[EXERCISE DIRECTIONS] Please retype only the lines below that run from the one containing "- **Backrest and" through the last line, both included, without altering a word.

[RECORD SET]

_____

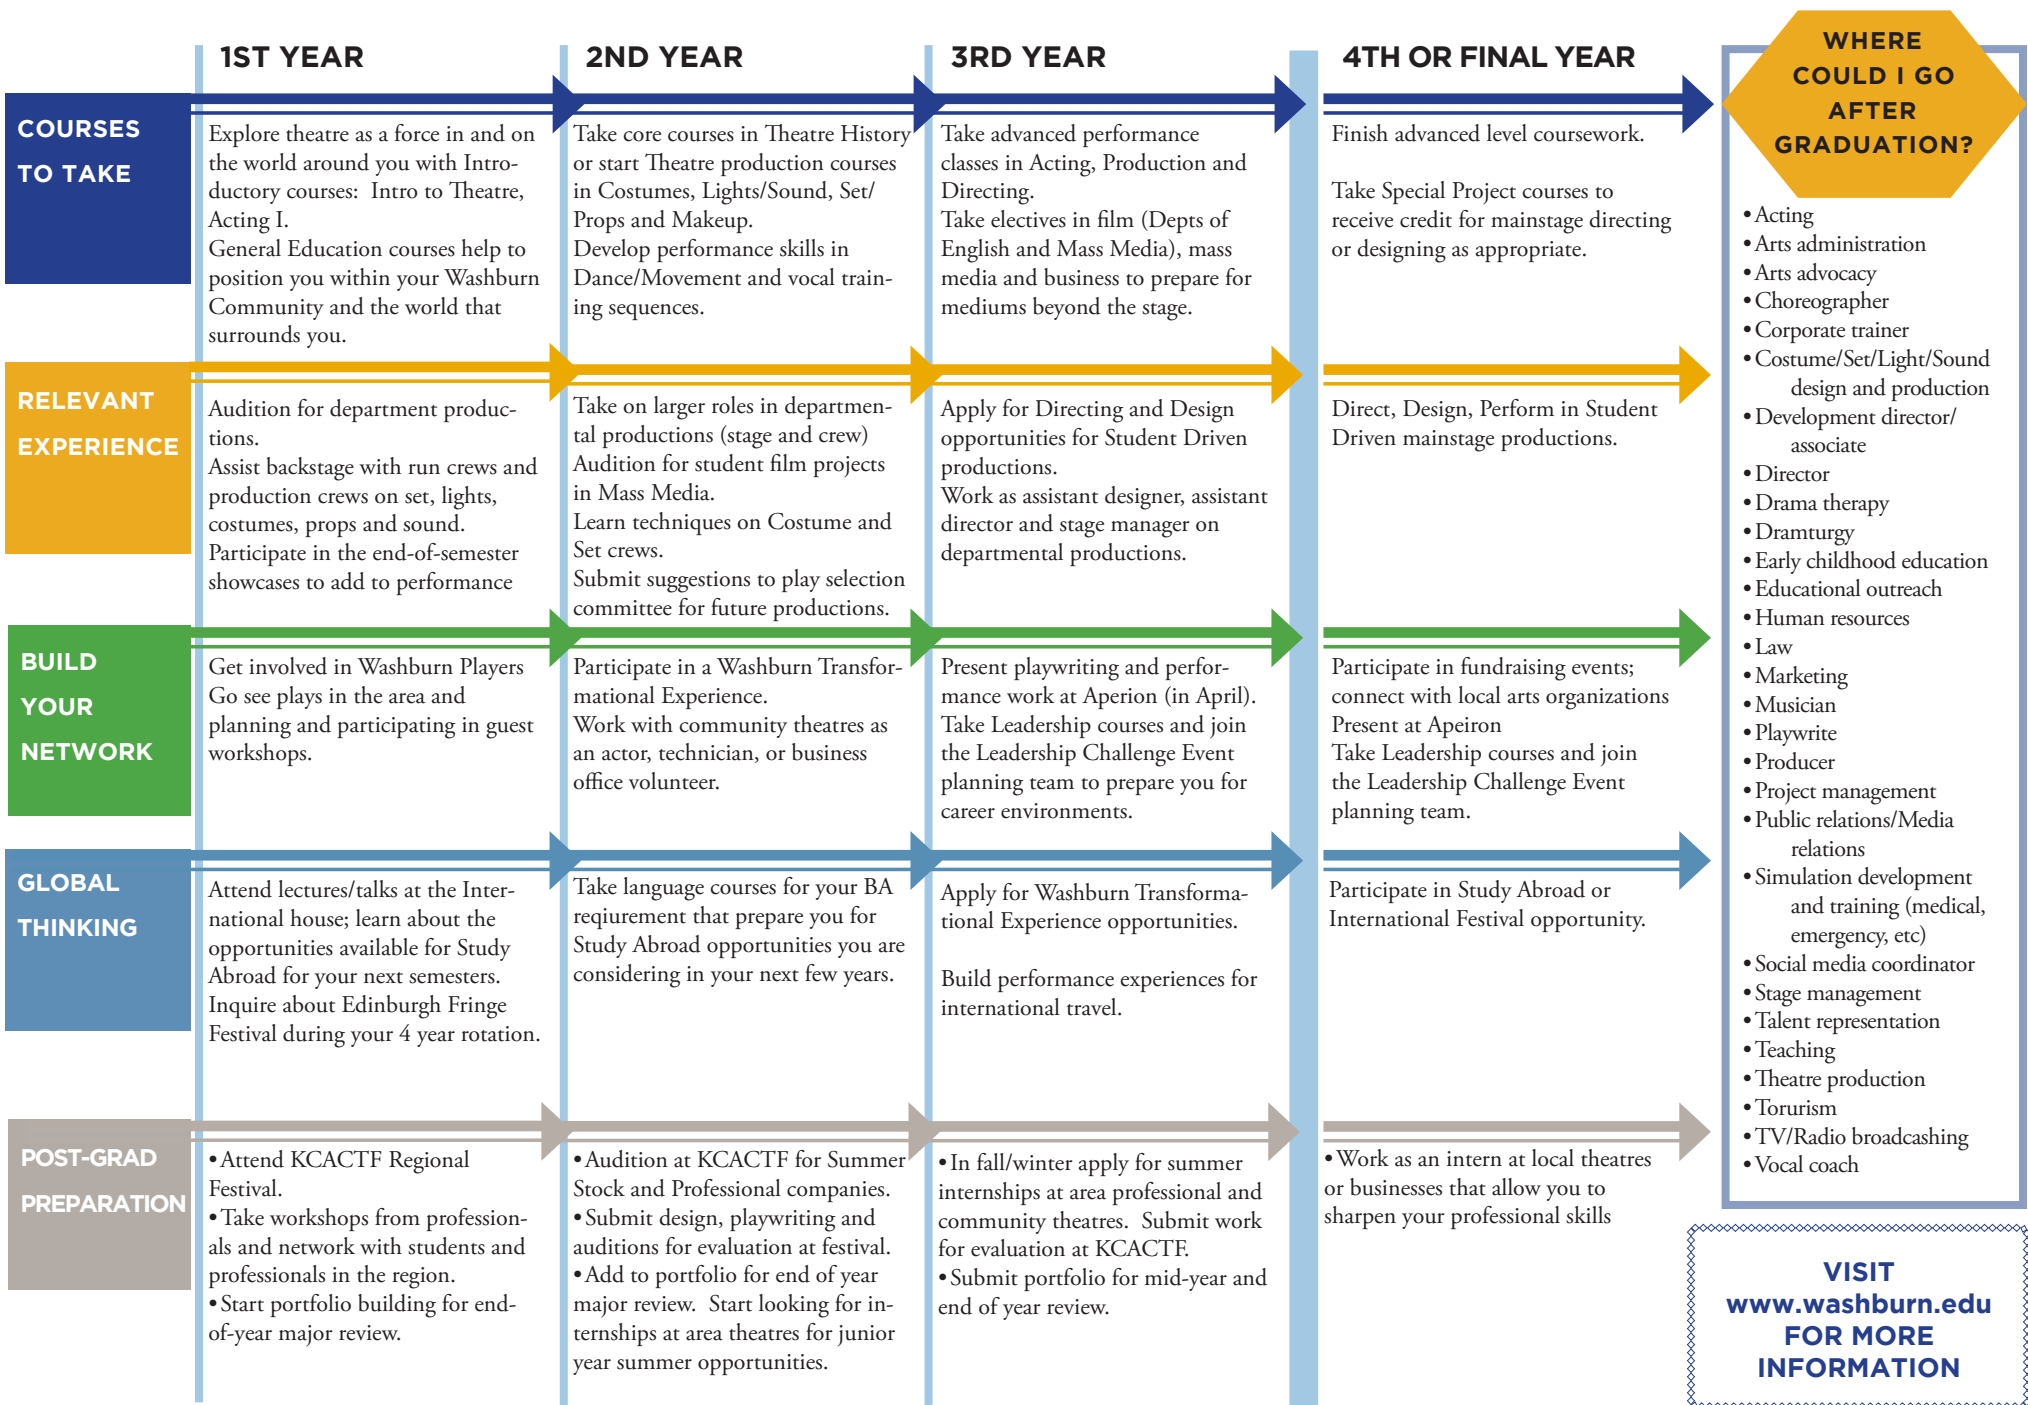

# Theatre

Bachelor of Arts in Theatre

## MAJOR MAP

**VISIT**  
[www.washburn.edu](http://www.washburn.edu)  
**FOR MORE INFORMATION**
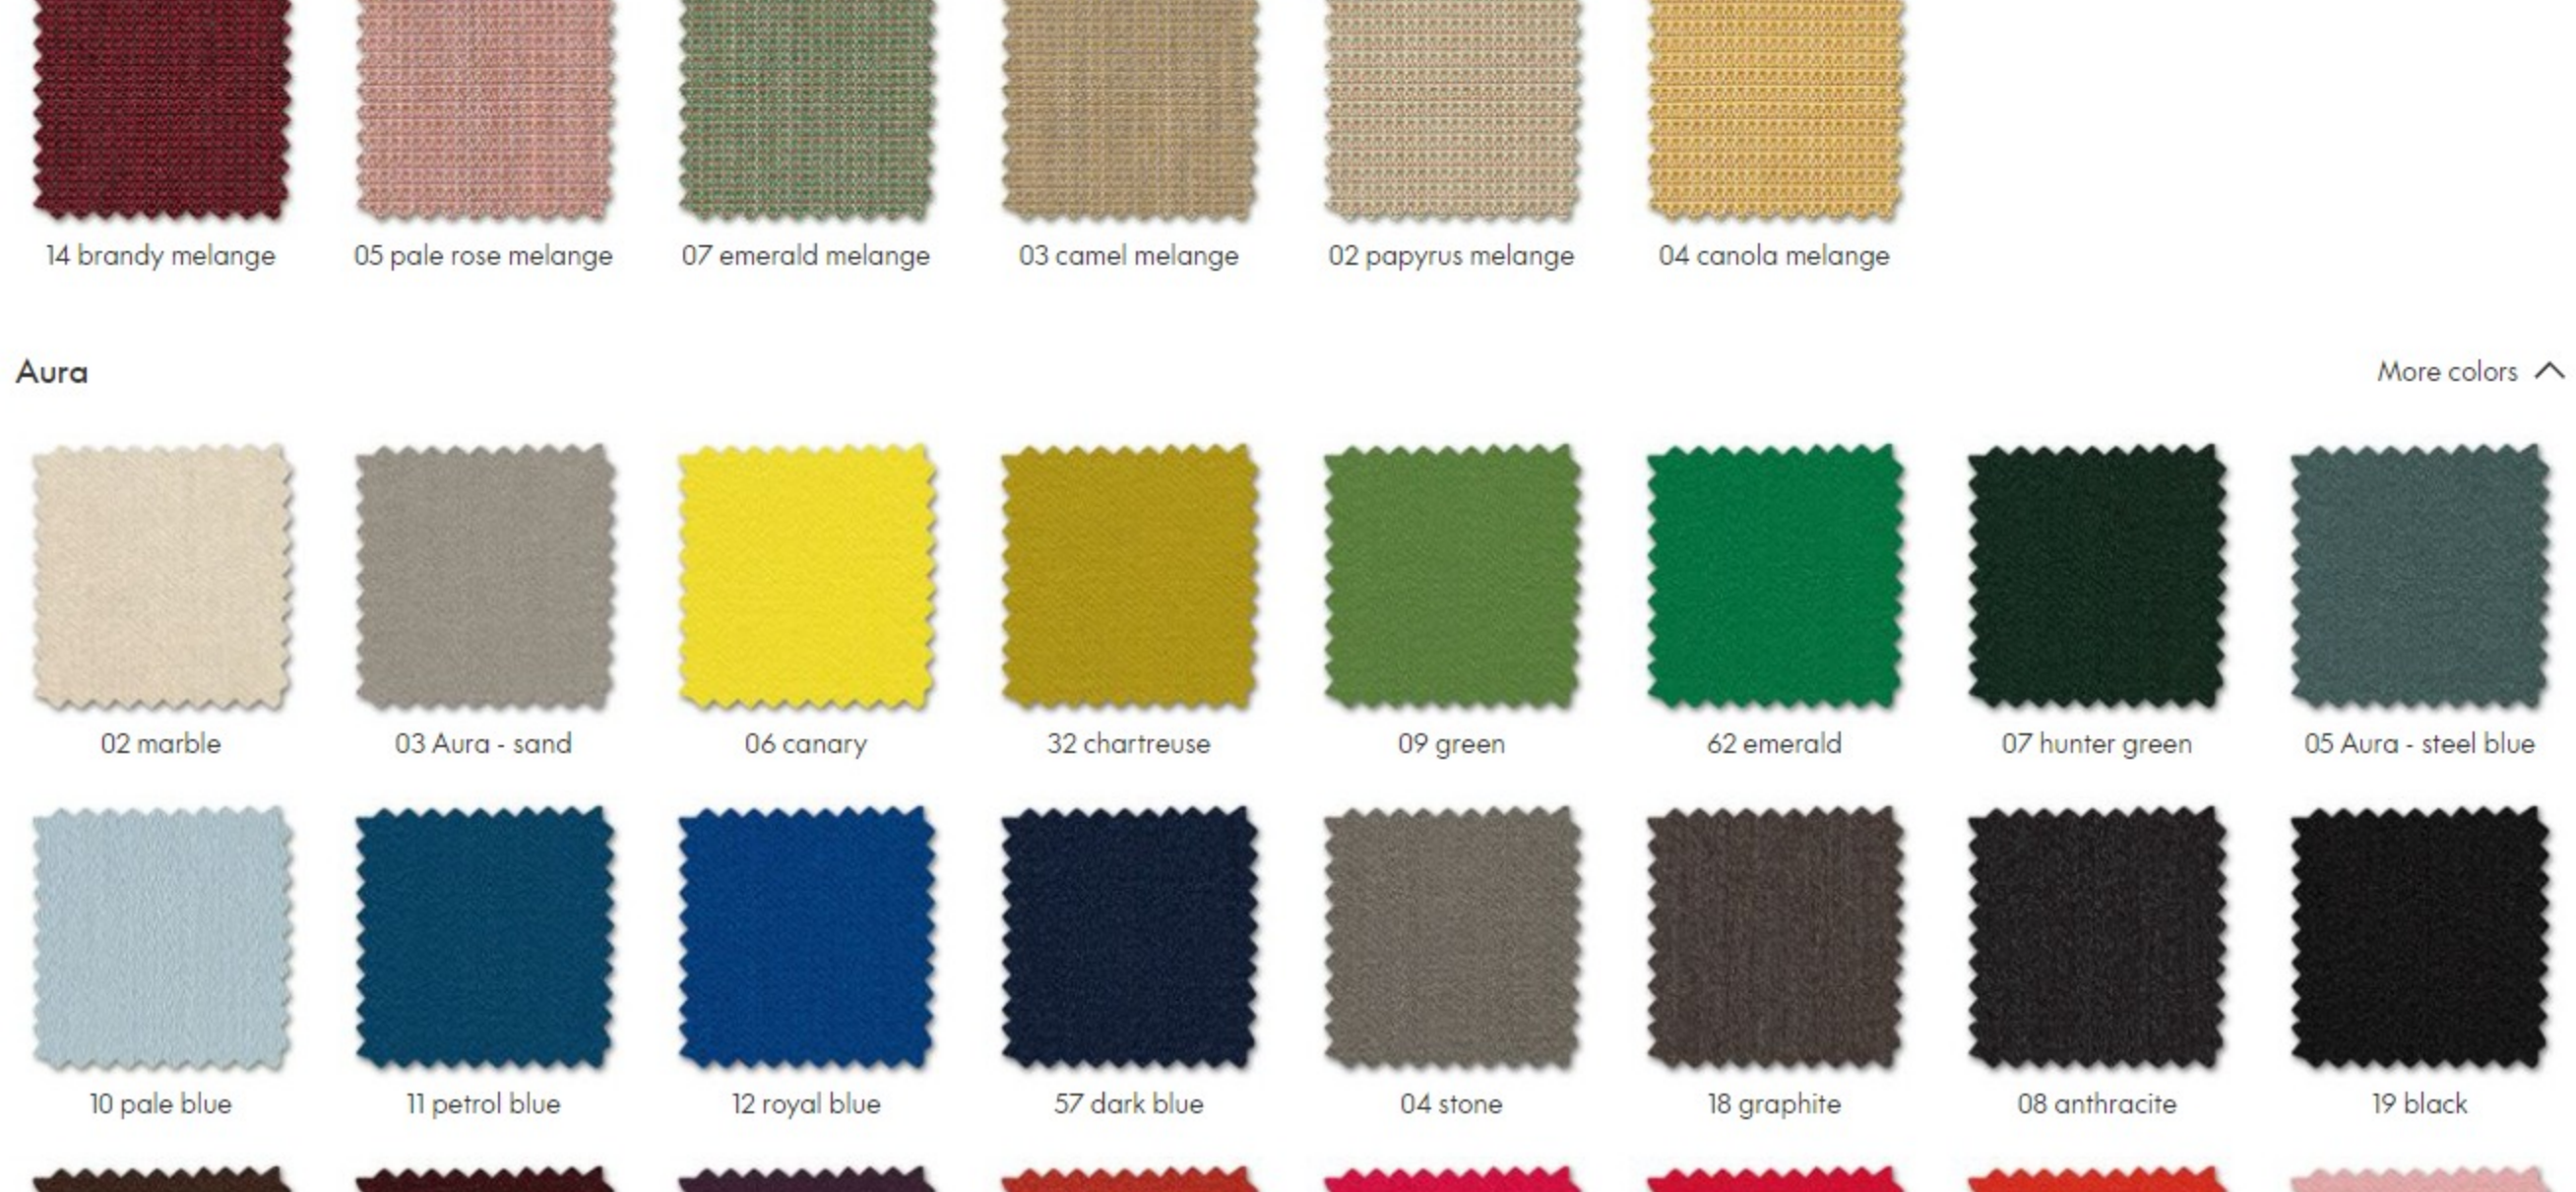

Plano More colors

Material description

- **Backrest and seat:** flexible upper backrest shell. Seat and backrest shell in fibreglass-reinforced polyamide. Seat and backrest upholstery in polyurethane foam. Armrests are integrated in the seat shell. Version in Laser fabric and in leather with two seams along the sides of the backrest.
- **Four-legged base:** polyamide in basic dark with glides.

_____

[TASK RESULT]
- **Backrest and seat:** flexible upper backrest shell. Seat and backrest shell in fibreglass-reinforced polyamide. Seat and backrest upholstery in polyurethane foam. Armrests are integrated in the seat shell. Version in Laser fabric and in leather with two seams along the sides of the backrest.
- **Four-legged base:** polyamide in basic dark with glides.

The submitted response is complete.